Items listed in a dataset:
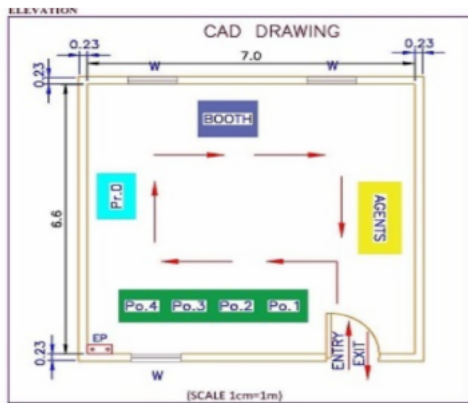

Nazri Naksha

Google Map View

Cad View
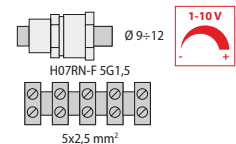

KOA LINE SMD/LN ELL DETEK

IK05 0.7J xx3

LAMPHOLDER	WATTAGE	CLASS	CRI	KELVIN	COS ϕ $\geq 0,9$	OPTIC	OPTIC BEAM	LIGHTSOURCE LUMEN OUTPUT	LUMINAIRE LUMEN OUTPUT	L	B	LIFETIME	COLOUR/ RAL	PART NUMBER
Power LED 220-240 V 50/60 Hz														
LED	135 W	I	70	4000	•	ELL	90°x45°	17216 lm	13061 lm	70	10	50000 h	●	06244894

KOA LINE SMD/LN
KOA LINE COB/GL
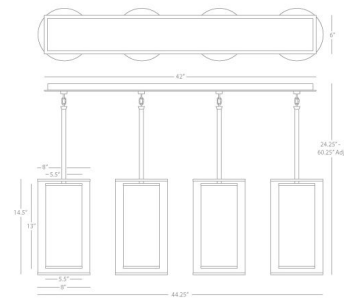

Shown in deep patina bronze / ascot white / transparent

Specifications

COLOR	Ascot White / Transparent
BODY FINISH	Deep Patina Bronze
WATTAGE	20W
DIMMER	Standard 120V
DIMENSIONS	44.25"L x 6"W x 14.5"H
BULB NOT INCLUDED	4 x B11/Candelabra (E12)/5W/120V LED
OTHER BULB OPTIONS	4 x B10/Candelabra (E12)/120V LED 4 x B10/Candelabra (E12)/60W/120V Incandescent
COUNTRY OF ORIGIN	China
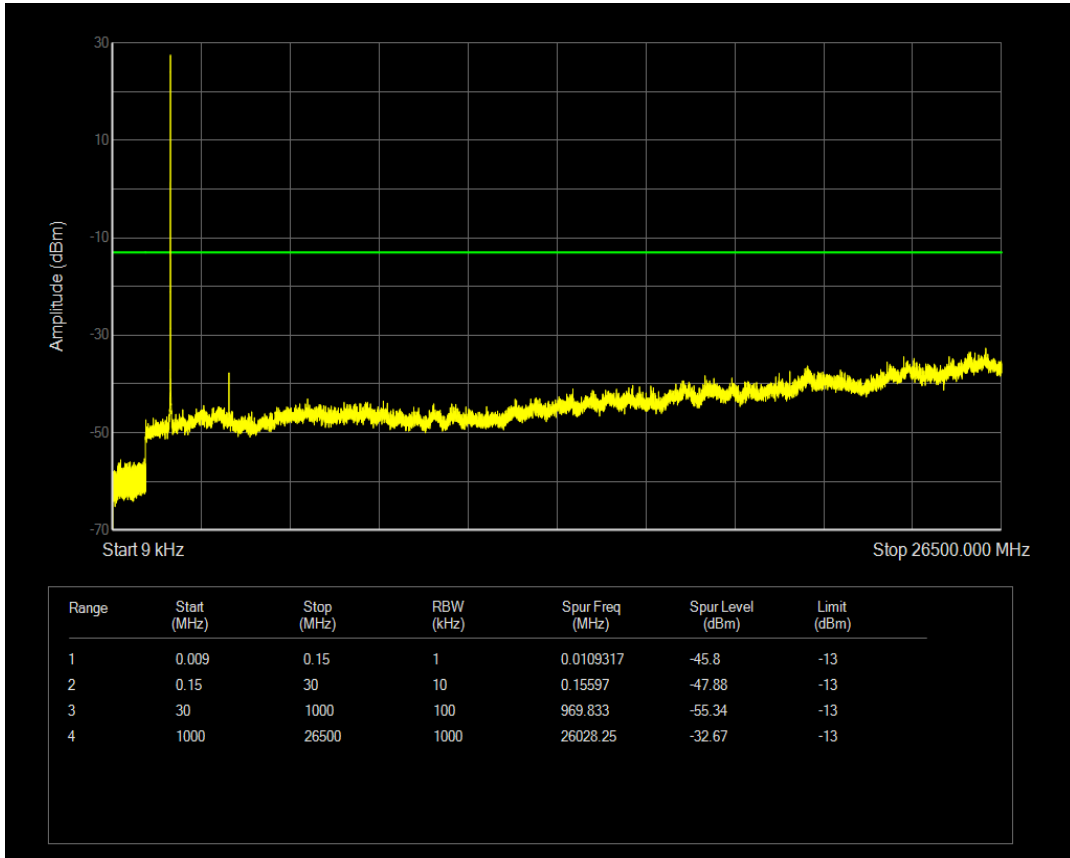

Band66 QPSK BW=3MHz Channel=132322 RB Size=1 Position=#0

Band66 16QAM BW=3MHz Channel=132322 RB Size=1 Position=#0
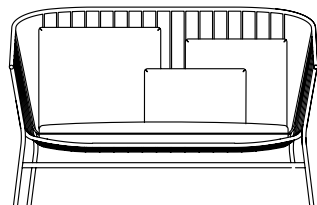

JEANETTE SEATING COLLECTION

JSF JEANETTE SOFA

UPHOLSTERY STYLE 1

JSFUSC Seat cushion,
JSUBC60 60x60 back cushion,
JSUBC50 50x50 back cushion,
JSC30 50x30 lumbar cushion
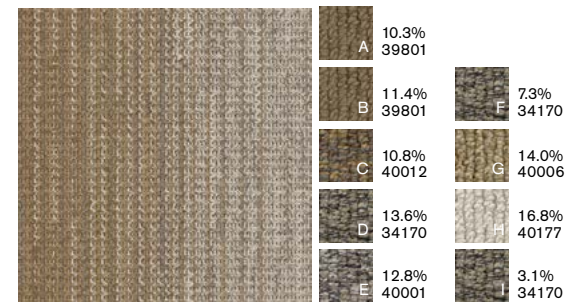

108058 Pine

A	26.1%	40042
B	19.1%	40206
C	20.9%	40206
D	33.8%	40208

108059 Caribbean

A	26.1%	34420
B	19.1%	34651
C	20.9%	34651
D	33.8%	34649

108060 Slate

A	26.1%	40018
B	19.1%	34155
C	20.9%	34155
D	33.8%	34420

108061 Navy

107659 Linen/Greige

107660 Greige/Volcanic

107661 Volcanic/Onyx

107662 Onyx/Umber

107663 Umber/Ash

107664 Ash/Greige

107665 Linen/Blue Sage

107666 Linen/Amber

107667 Greige/Clay

107668 Greige/Caribbean

107669 Volcanic/Navy

107670 Volcanic/Wild Currant

107671 Onyx/Slate

107672 Onyx/Pine

107673 Umber/Caribbean

107674 Umber/Navy

107675 Ash/Slate

107676 Ash/Amber
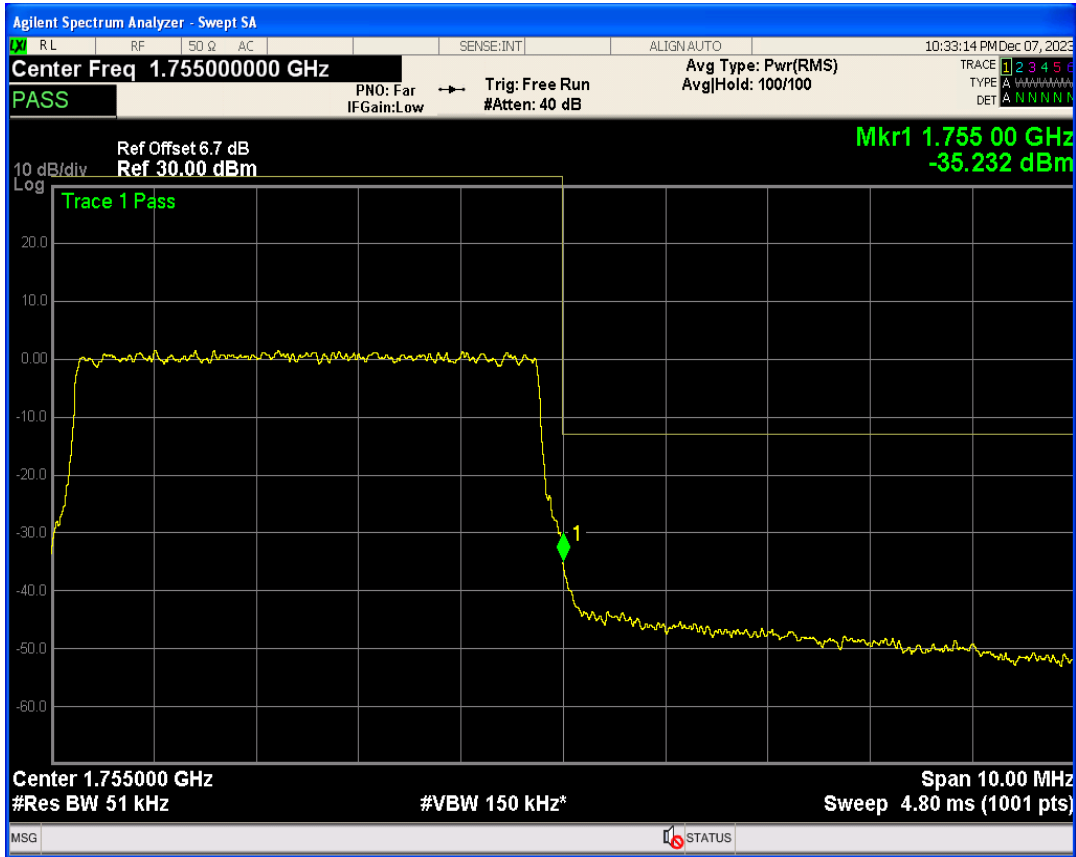

Band4 QPSK BW=10MHz Channel=20000 RB Size=1 Position=#0

Problem statement
Pictures stay out of this copy. Retype exactly the lines from the one with "Band66 QPSK BW=3MHz" through the last line of the data, both ends included, and nothing more.

Result of the exercise
Band66 QPSK BW=3MHz Channel=132322 RB Size=1 Position=#0

Band66 16QAM BW=3MHz Channel=132322 RB Size=1 Position=#0

JEANETTE SEATING COLLECTION

JSF JEANETTE SOFA

UPHOLSTERY STYLE 1

JSFUSC Seat cushion,
JSUBC60 60x60 back cushion,
JSUBC50 50x50 back cushion,
JSC30 50x30 lumbar cushion

108058 Pine

A	26.1%	40042
B	19.1%	40206
C	20.9%	40206
D	33.8%	40208

108059 Caribbean

A	26.1%	34420
B	19.1%	34651
C	20.9%	34651
D	33.8%	34649

108060 Slate

A	26.1%	40018
B	19.1%	34155
C	20.9%	34155
D	33.8%	34420

108061 Navy

107659 Linen/Greige

107660 Greige/Volcanic

107661 Volcanic/Onyx

107662 Onyx/Umber

107663 Umber/Ash

107664 Ash/Greige

107665 Linen/Blue Sage

107666 Linen/Amber

107667 Greige/Clay

107668 Greige/Caribbean

107669 Volcanic/Navy

107670 Volcanic/Wild Currant

107671 Onyx/Slate

107672 Onyx/Pine

107673 Umber/Caribbean

107674 Umber/Navy

107675 Ash/Slate

107676 Ash/Amber

Band4 QPSK BW=10MHz Channel=20000 RB Size=1 Position=#0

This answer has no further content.